Он вынул обломок ножика и подал мне. Я развернул сыр и отрезал ломтик.

- Да разве так можно? Что вы!

Он быстро снял обе перчатки, сунул их в карман и заявил:

- Руки у меня чистые. Он взял у меня нож и сыр.

- Грех такое добро портить. Может быть, да и наверняка, пожалуй, я такой сыр в последний раз ем, так позвольте уж…

И он начал резать тупой стороной ножа, и сыр свертывался в трубочку, становился ароматным, пушистым, мягким и таял на языке.

- Такой сыр не режут, а гофрируют.

Он священнодействовал, и мы молча съели треть куска.

- У-ух! Вот отвел душу. Жаль что хлеба нет.

Он передал мне кусок сыру, я разрезал его пополам, завернул в бумагу и один кусок положил себе в карман, а другой отдал ему.

Он поблагодарил меня, взял нож и свой сыр разрезал на две равные части, одну половину нарезал ломтиками уже острием, завернул и положил в один карман, другую в другой.

- Зачем вы его так нарезали?

- Ничего, он и так съест, он гофренья не поймет.

- Кто?

- Фогабал. Вы помните его?

- Еще бы! Ильенковская лошадь.

- Да не лошадь, а гимназист - Фогабал. Да, я помню и гимназиста Фогабала.

Я видел его и в гимназическом пальто, и в щегольском костюме на скачках, и оборванцем в "Перепутье".

"Перепутье" - это был трактир против "Яра". В "Яре" кутили богатые спортсмены, а "Перепутье" в дни бегов и скачек и накануне их был всегда переполнен играющими. Они перед состязанием являлись сюда, чтобы узнать шансы фаворитов у жокеев, наездников и "жучков", отмечали "верную лошадку" и нередко угадывали, а больше жульничали. В числе "жучков" помню я высокого бледного, волосатого блондина, с зари дежурившего на ипподроме и следившего за проездкой лошадей. К концу состязаний он всегда бывал пьян, но лошадей знал хорошо, и его отметкам все верили.

Никто не знал его настоящего имени, и он откликался на Фогабала.

- Милый Фогабалушка, отметь афишечку.

Этот полупьяный оборванец сыграл громадную роль в истории спорта: обе роскошные трибуны выстроены благодаря ему.

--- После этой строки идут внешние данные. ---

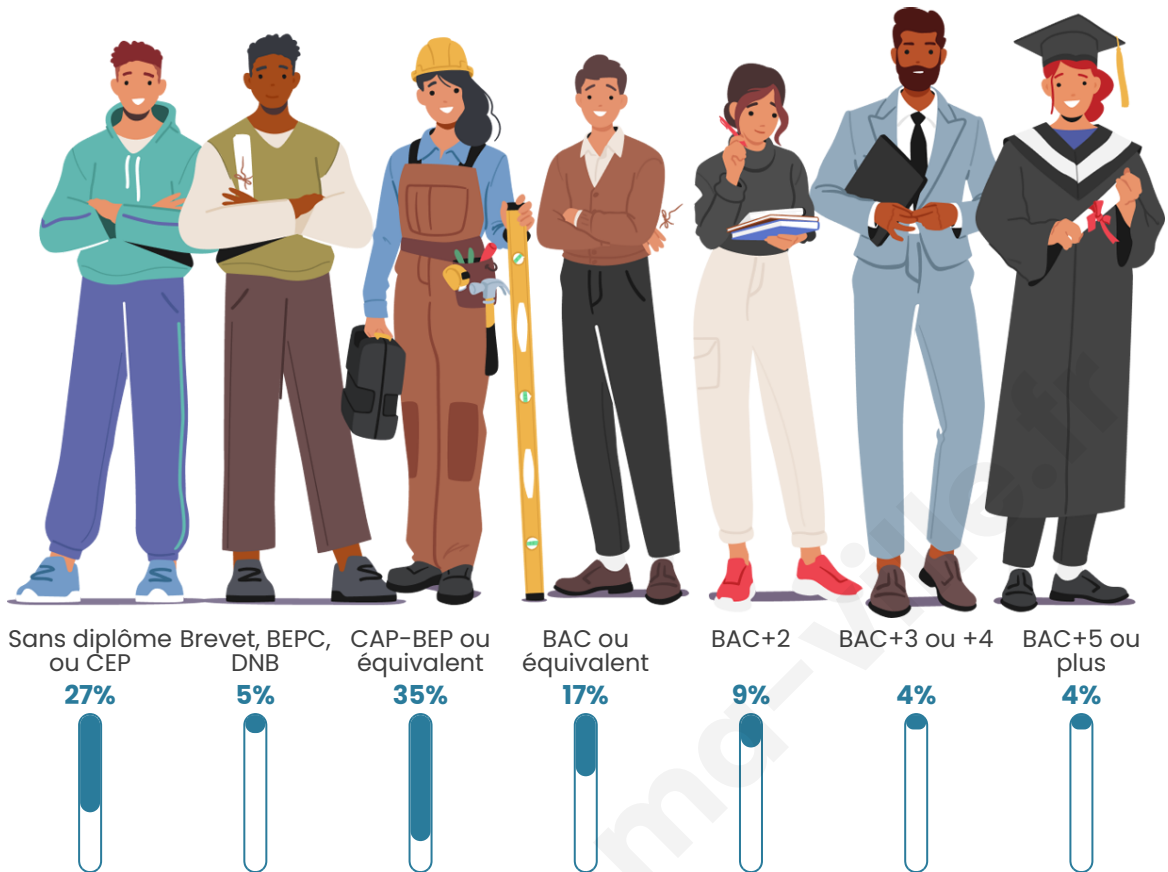

Version web

Ville de Le Bailleul

Présenté par

BIEN dans
ma **VILLE** 

Sommaire

Situation géographique	3
Statistiques sur la population	4
Evolution du nombre d'habitants	4
Tranche d'âge	5
0-14 ans	5
15-29 ans	5
30-44 ans	5
45-59 ans	5
60-74 ans	5
75-89 ans	5
90 ans et +	5
Activité professionnelle	5
Agriculteurs	5
Artisans, Commerçants	5
Cadres et sup.	5
Professions intermédiaires	5
Employé	5
Ouvrier	5
Retraité	5
Autres	5
Niveau de diplôme	6
Sans diplôme ou CEP	6
Brevet, BEPC, DNB	6
CAP-BEP ou équivalent	6
BAC ou équivalent	6
BAC+2	6
BAC+3 ou +4	6
BAC+5 ou plus	6
Composition des ménages	6
Couple sans enfant	6
Couple avec enfant(s)	6
Famille monoparentale	6
Colocation / Autre	6
Personnes seules	6
Profil électoraux	7
Premier tour	7
Sécurité	8
Evolution du nombre d'infractions	8
Pour comparer	9
Services à la population	10
Commerce	10
Éducation	10
Villes autour de Le Bailleul	12
Avis sur la ville de Le Bailleul	13
Moyenne par critère	13
Villes autour de Le Bailleul	13
Répartition des avis par note	13
Répartition des avis par note	13

Age moyen

40 ans

Pop active

47.4%

Taux chômage

7.5%

Pop densité

45 h/km²

Tranche d'âge

Activité professionnelle

Niveau de diplôme

Composition des ménages

Profils électoraux

Premier tour

	Marine LE PEN	40.61 %
	Emmanuel MACRON	23.79 %
	Jean-Luc MÉLENCHON	11.81 %
	Valérie PÉCRESSE	5.83 %
	Éric ZEMMOUR	4.21 %
	Fabien ROUSSEL	3.07 %
	Yannick JADOT	3.07 %
	Jean LASSALLE	2.10 %
	Anne HIDALGO	2.10 %
	Nicolas DUPONT-AIGNAN	2.10 %
	Nathalie ARTHAUD	1.13 %
	Philippe POUTOU	0.16 %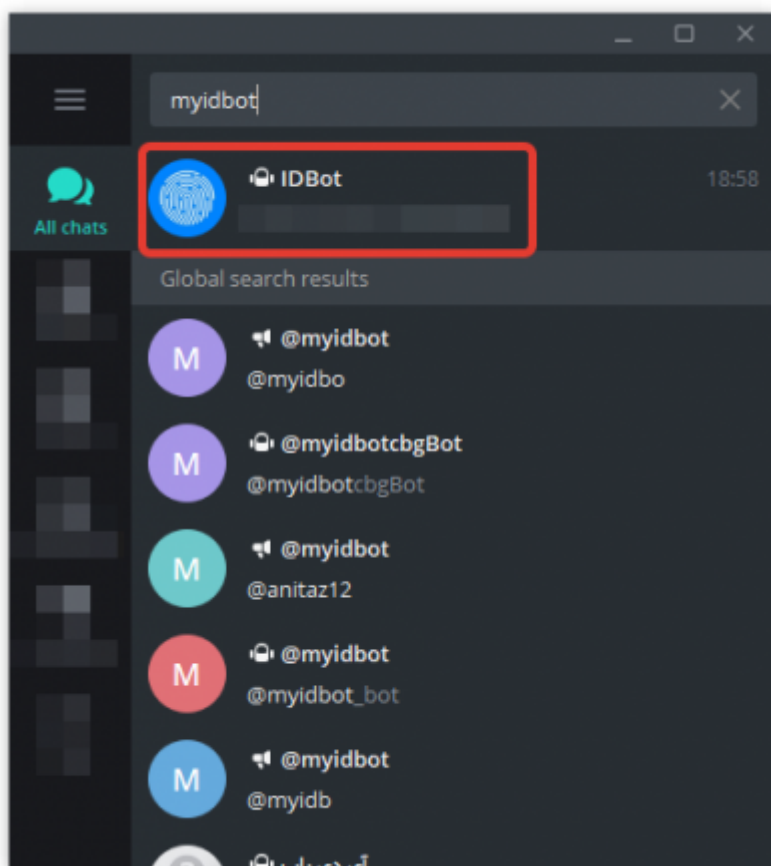

Уведомления о новых заказах

Telegram

Уведомления в Telegram появились в мини-доставки начиная с версии **v3.2.14.2015** Для включения этого функционала необходимо проделать несколько шагов:

- Создать телеграм-бота по [инструкции](#)
- Добавить нового бота в группы для уведомлений или отправить ему в личные сообщения команду /start
- Вписать токен бота и список чатов для уведомлений в конфигурационный файл DeliveryHatch.ini
- Перезапустить службу мини-доставки

Как выяснить ID чата

Выяснить ID чата вам поможет @myidbot

Для получения ID личного чата

Напишите боту @myidbot от своего имени команду /getid

Для получения ID группового чата

Добавьте бота @myidbot в группу, ID чата которой вы хотите узнать, и отправьте команду

Скачки и бега на Ходынке существовали с половины прошлого века. Бега тогда разыгрывались еще по трем дорожкам: каждая лошадь бежала по отдельной. Посещали ипподром только настоящие охотники, любители лошадей, да в праздничные дни приезжали немногие москвичи подышать свежим воздухом и полюбоваться зрелищем.

Так и перебивались с хлеба на квас оба императорских общества: скаковое - дворянское и беговое - купеческое. Сборы были нищенские и призы только для почета.

В конце семидесятых годов секретарь Московского скакового общества М. И. Лазарев за границей познакомился с тотализатором и ввел его на скачках. Первое время билеты были только рублевые, лошади скакали по две, по три, редко по пять. Игра не шла потому, что увлекающий азарт отсутствовал. В каждой скачке была известная всем лучшая лошадь, которая и обходила легко соперников, а потому и выдавали выигравшим не больше гривенника на рубль.

Двойного тотализатора еще не было.

Когда скакал знаменитый Перкун, выигравший ряд призов в Англии и непобедимый в России, больше гривенника никогда не платили. Да Перкун никогда и не проигрывал.

"Банк, а не лошадь", - говорили расчетливые игроки. Некоторые брали на него билеты десятками, чтобы наверняка, как ренту, получить два-три рубля.

Десять процентов в три минуты, и вход и извозчик оплачены.

Лопнул банк!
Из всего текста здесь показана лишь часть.